» Data excerpts:
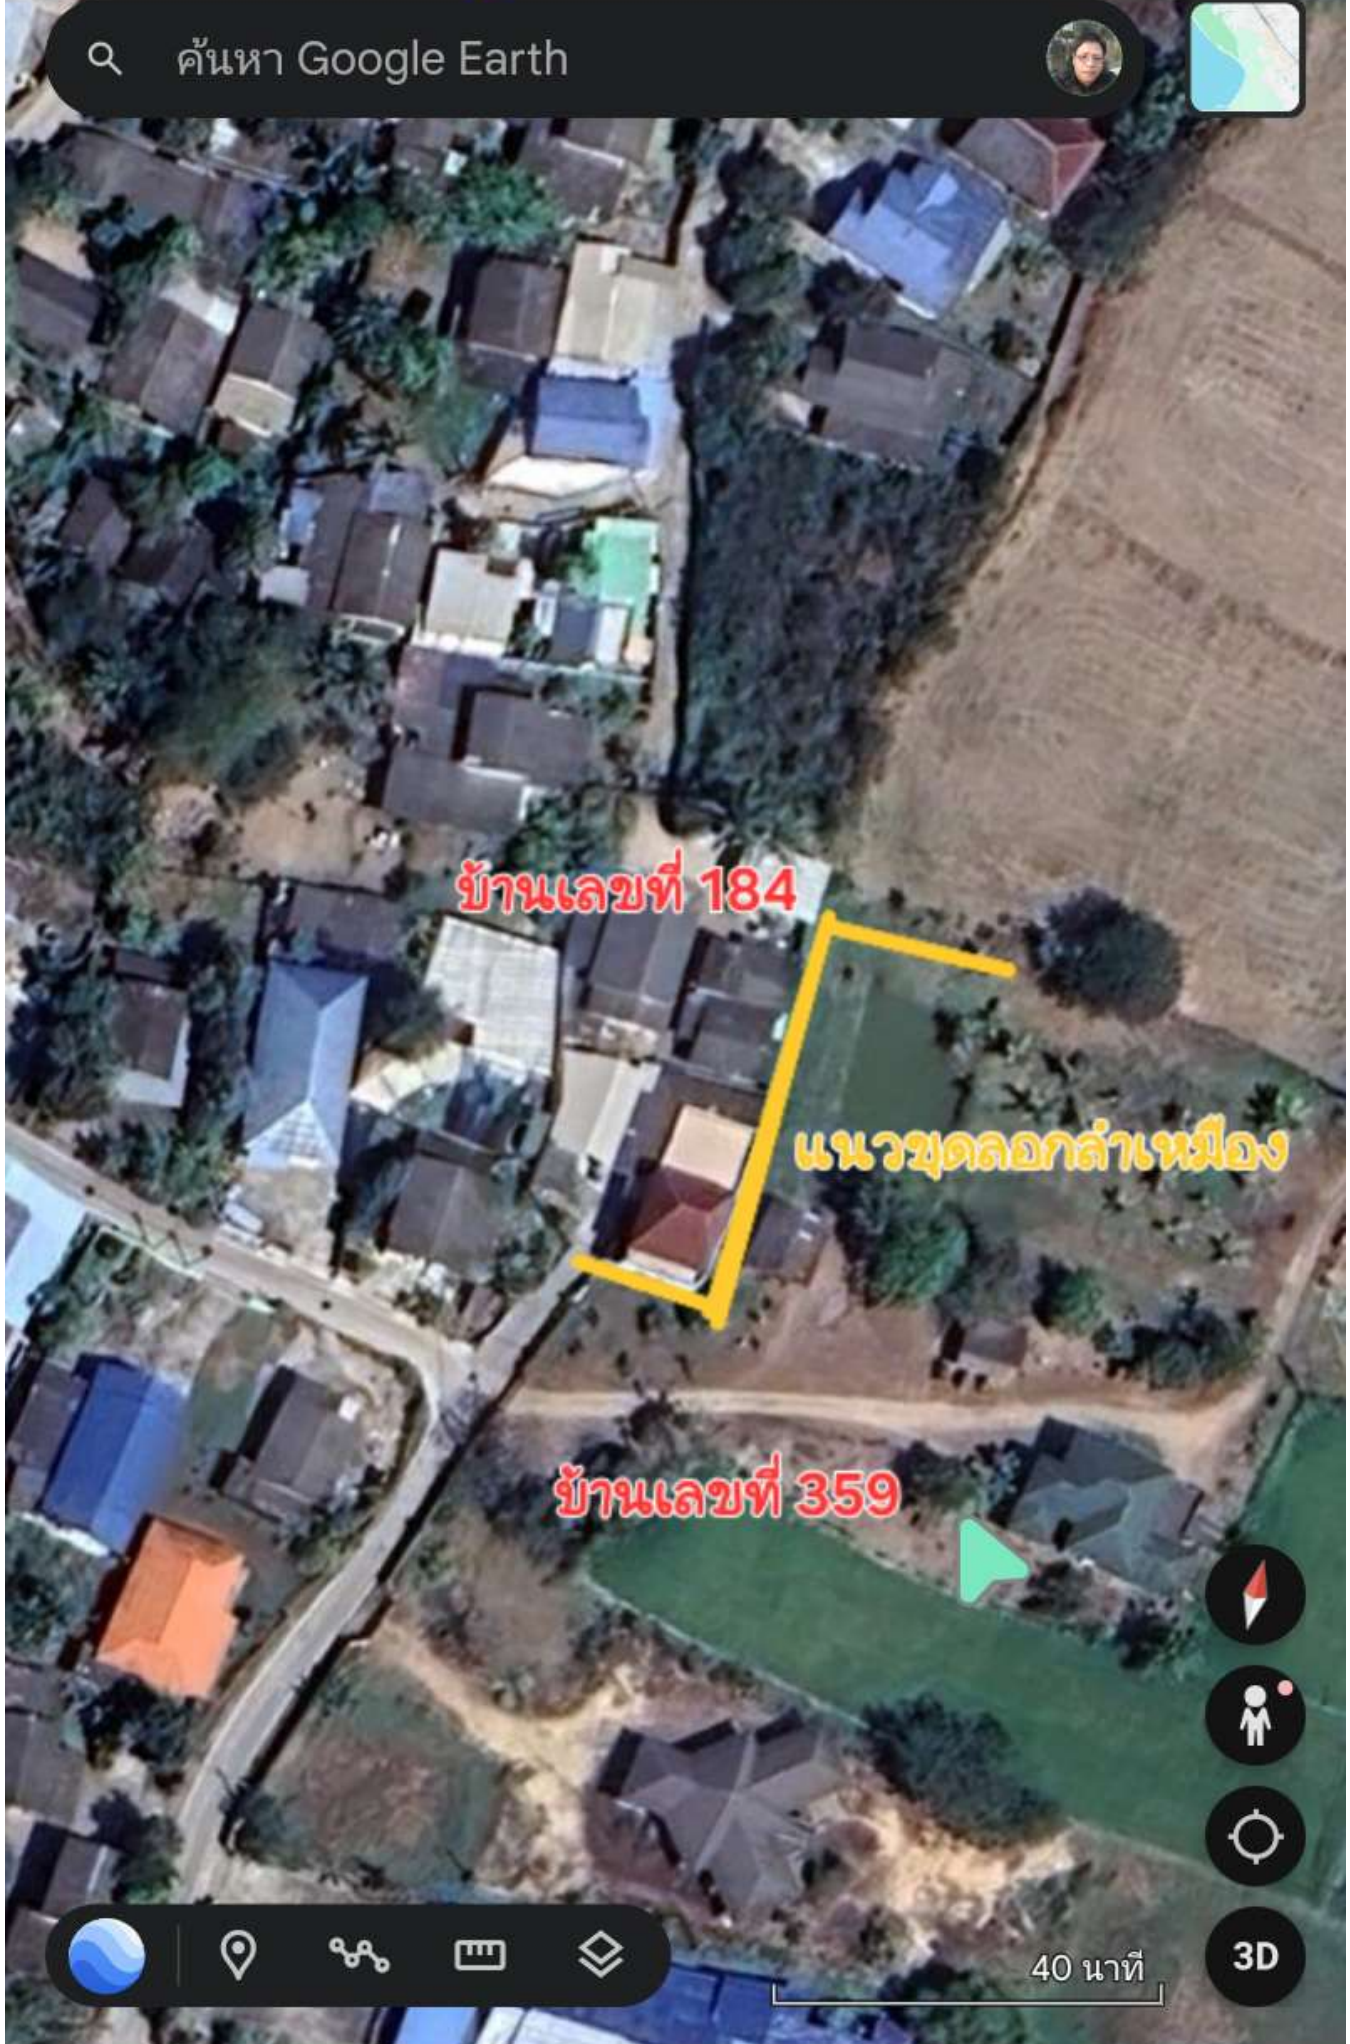

ค้นหา Google Earth

บ้านเลขที่ 184

แนวเขตลอกสำเหมือง

บ้านเลขที่ 359

40 นาที

G Google · ม.ค. 2024

ตำบลปงแสนทอง, ลำปาง

2 ปีที่แล้ว · ดูวันอื่นๆ >

รูปภาพสถานที่ใกล้เคียง

เพิ่มรูปภาพ

บ้านเลขที่ 184

แนวเขตลอกกำเหมือง

บ้านเลขที่ 359

ตำบลปรางแสนทอง, ลำปาง

2 ปีที่แล้ว · ดูวันอื่นๆ >

ค้นหา Google Earth

บ้านเลขที่ 330

188/2  
บ้าน หน.สป.

40 นาที

ตำบลปรางแสนทอง, ลำปาง

2 ปีที่แล้ว · ดูวันอื่นๆ >

ตำบลปงแสนทอง, ลำปาง

2 ปีที่แล้ว · ดูวันอื่นๆ >
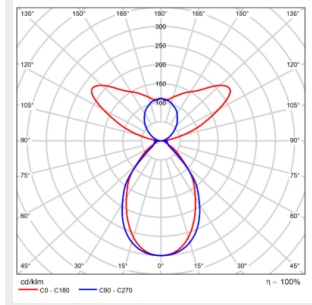

Phi Vision soft 75° UP55-D45
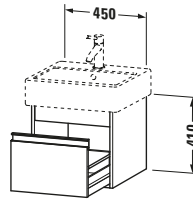

**Waschtischunterbau wandhängend**

Basis Angaben	
Langbezeichnung	Duravit Ketho Waschtischunterbau wandhängend, Eiche Schwarz Matt, Rechteckig, Anzahl Auszüge: 1 – KT668501616

Spezifikationen	
Anzahl Auszüge	1
Für Anzahl Waschtische	1
Montagegrad	Montiert
<b>Waschplatz</b>	
Position Becken	Mitte
<b>Montage</b>	
Montageart	Montage unter Waschtisch / Wandhängend / Wandmontage
<b>Farbe</b>	
Farbwert	Eiche Schwarz
Glanzgrad	Matt
<b>Front</b>	
Farbwert Front	Eiche Schwarz
Glanzgrad Front	Matt
<b>Korpus</b>	
Glanzgrad Korpus	Matt
Material Korpus	Hochverdichtete Dreischicht-Holzspanplatte
Oberfläche Korpus	Dekor
<b>Griff</b>	
Ausführung Griff	Griffleiste
Anzahl Griffe	1
Farbwert Griff	Silber

Features	
Inneneinteilung	Optional
Selbsteinzug mit Dämpfung	✓

Lieferumfang	
<b>Montage</b>	
Inkl. Befestigungsmaterial	✓
<b>Technische Dokumentation</b>	
Inkl. Montageanleitung	digital und gedruckt

Logistik	
Artikelgewicht	15 kg
<b>Verkaufsverpackung</b>	
Art Verkaufsverpackung	Karton
Menge / Verkaufsverpackung	1 Stk.
Ab Werk verpackt	✓
Breite Verkaufsverpackung inkl. Artikel	450 mm
Höhe Verkaufsverpackung inkl. Artikel	440 mm
Tiefe Verkaufsverpackung inkl. Artikel	410 mm
Gewicht Verkaufsverpackung inkl. Artikel	15 kg
Anzahl Packstücke	1

Vermaßung	
Breite / Länge	450 mm
Höhe	410 mm
Tiefe / Breite	440 mm
Min. Wandabstand	0 mm

Passende Produkte	
<b>Passende Artikel</b>	
	Inneneinteilung # UV9845 Universal
	Raumsparsiphon # 005076 Universal
	Waschtisch # 045450 Vero
<b>Notwendige Artikel</b>	
	Raumsparsiphon # 005076 Universal
	Waschtisch # 045450 Vero
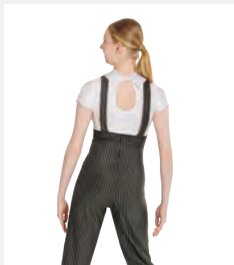

★ NEU

Ref. FPC26029B-BLK

1st Position Nadelstreifenhose und Hosenträger mit Hemd und Paillettenkrawatte in schwarz

- Die Paillettenkrawatte ist in Kindergrößen abnehmbar

Größen Kinder S - Erwachsene XXL
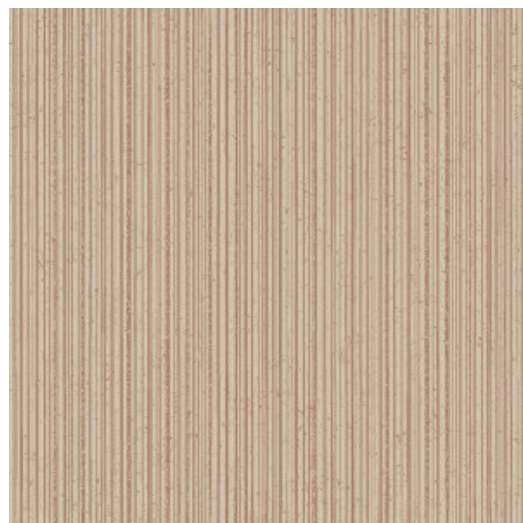

Especificaciones técnicas

Referencia	<u>66070</u> • Blush
Categoría de producto	Refined
Composición	Papel pintado sobre base no tejida
Descripción	Inspirado en la técnica de decorar la cerámica aplicando pigmentos al agua y lavándolos parcialmente
Dimensiones	Rollos de 8,50 x 0,70 m = 6 m ²
Case	Case libre 0 cm
Pegamento	Arte Clearpro o una cola de dispersión de buena calidad
Cómo encolar	Encolar la pared
Resistencia a la luz	Buena resistencia a la luz
Cómo retirar	Arrancable en seco
Certificado ignífugo EU	B-s1, d0
Certificado ignífugo US	Class A
Mantenimiento	Lavable
IMO Certified	

Colores (5)

66070

66071

66072

66073

66074

Vista

← 70 cm (27,56") →
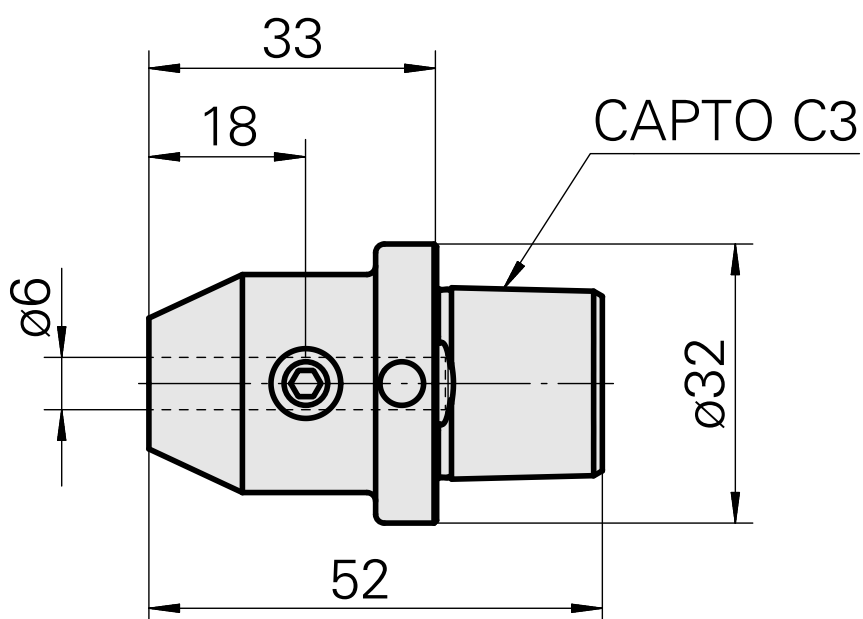

## INDEX CAPTO C3 D6

### Caratteristiche tecniche

<b>Categoria acces. portautensile</b>	INDEX CAPTO C3
<b>Attacco</b>	D6
<b>Accessorio per cambio rapido</b>	attacco Weldon

10888476  
W9991037

**INDEX**

---
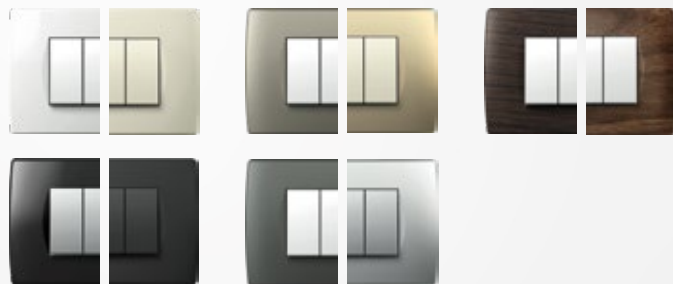

### Пет цветови варианта за функционални елементи

### Повече от 20 различни цвята на декоративните рамки

# TEM

Изберете своя  
ДИЗАЙН

Изберете своя  
ЦВЯТ

Създайте вашата  
КОНФИГУРАЦИЯ

Използвайте  
приложението

1

2

3

4

MODUL  
soft

MODUL  
line

MODUL  
PURE

метал

стъкло

дърво
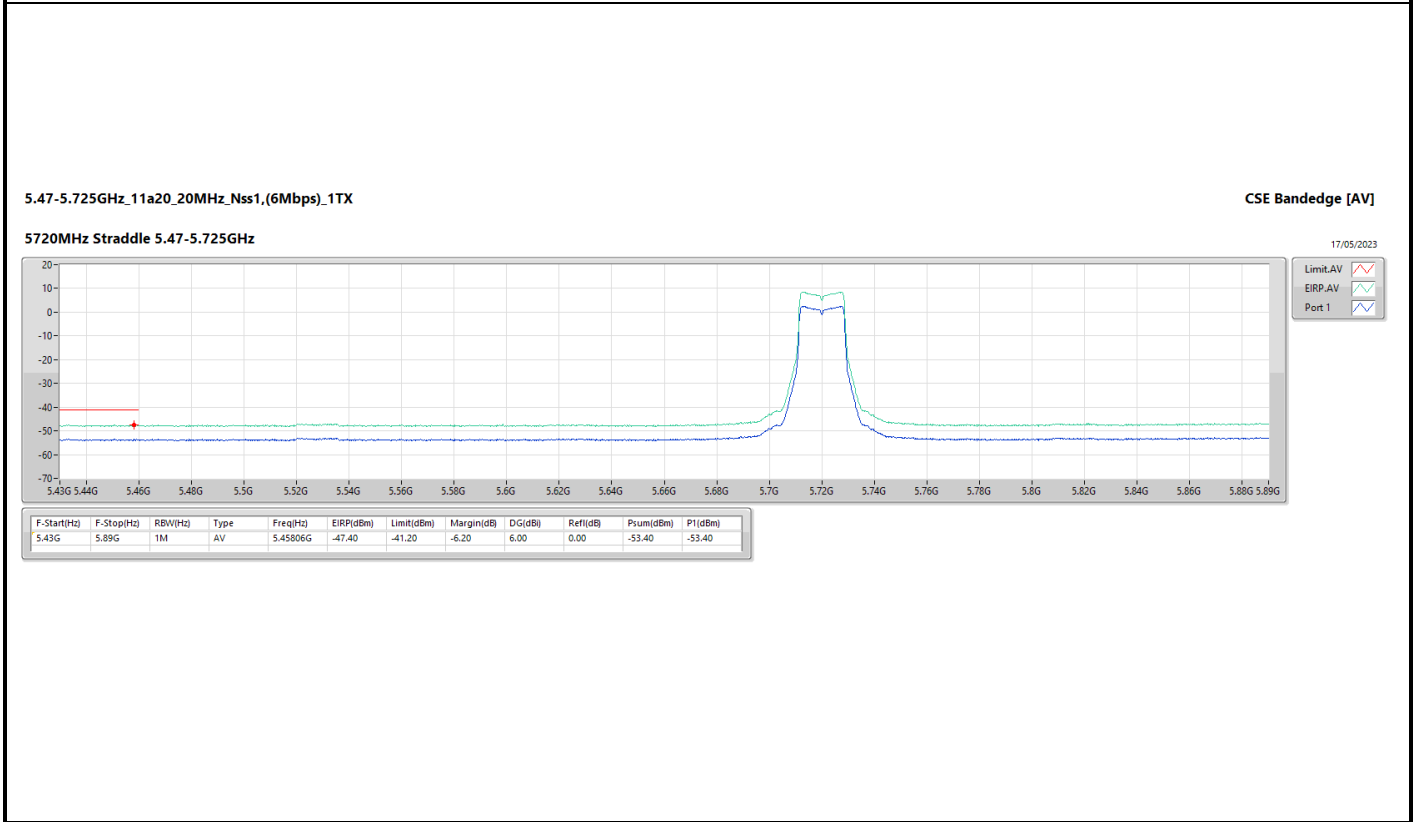

5.47-5.725GHz_11a20_20MHz_Nss1,(6Mbps)_1TX

CSE Bandedge [AV]

5700MHz

24/05/2023

F-Start(Hz)	F-Stop(Hz)	RBW(Hz)	Type	Freq(Hz)	EIRP(dBm)	Limit(dBm)	Margin(dB)	DG(dB)	Ref1(dB)	Psum(dBm)	P1(dBm)
5.43G	5.765G	1M	AV	5.45931G	-47.19	-41.20	-5.99	6.00	0.00	-53.19	-53.19

» Work order: From the line containing "G Google · ม.ค. 2024" through the line containing "1 – KT668501616", copy every line above exactly, without pictures.

» Answer box:
G Google · ม.ค. 2024

ตำบลปงแสนทอง, ลำปาง

2 ปีที่แล้ว · ดูวันอื่นๆ >

รูปภาพสถานที่ใกล้เคียง

เพิ่มรูปภาพ

บ้านเลขที่ 184

แนวเขตลอกกำเหมือง

บ้านเลขที่ 359

ตำบลปรางแสนทอง, ลำปาง

2 ปีที่แล้ว · ดูวันอื่นๆ >

ค้นหา Google Earth

บ้านเลขที่ 330

188/2  
บ้าน หน.สป.

40 นาที

ตำบลปรางแสนทอง, ลำปาง

2 ปีที่แล้ว · ดูวันอื่นๆ >

ตำบลปงแสนทอง, ลำปาง

2 ปีที่แล้ว · ดูวันอื่นๆ >

Phi Vision soft 75° UP55-D45

**Waschtischunterbau wandhängend**

Basis Angaben	
Langbezeichnung	Duravit Ketho Waschtischunterbau wandhängend, Eiche Schwarz Matt, Rechteckig, Anzahl Auszüge: 1 – KT668501616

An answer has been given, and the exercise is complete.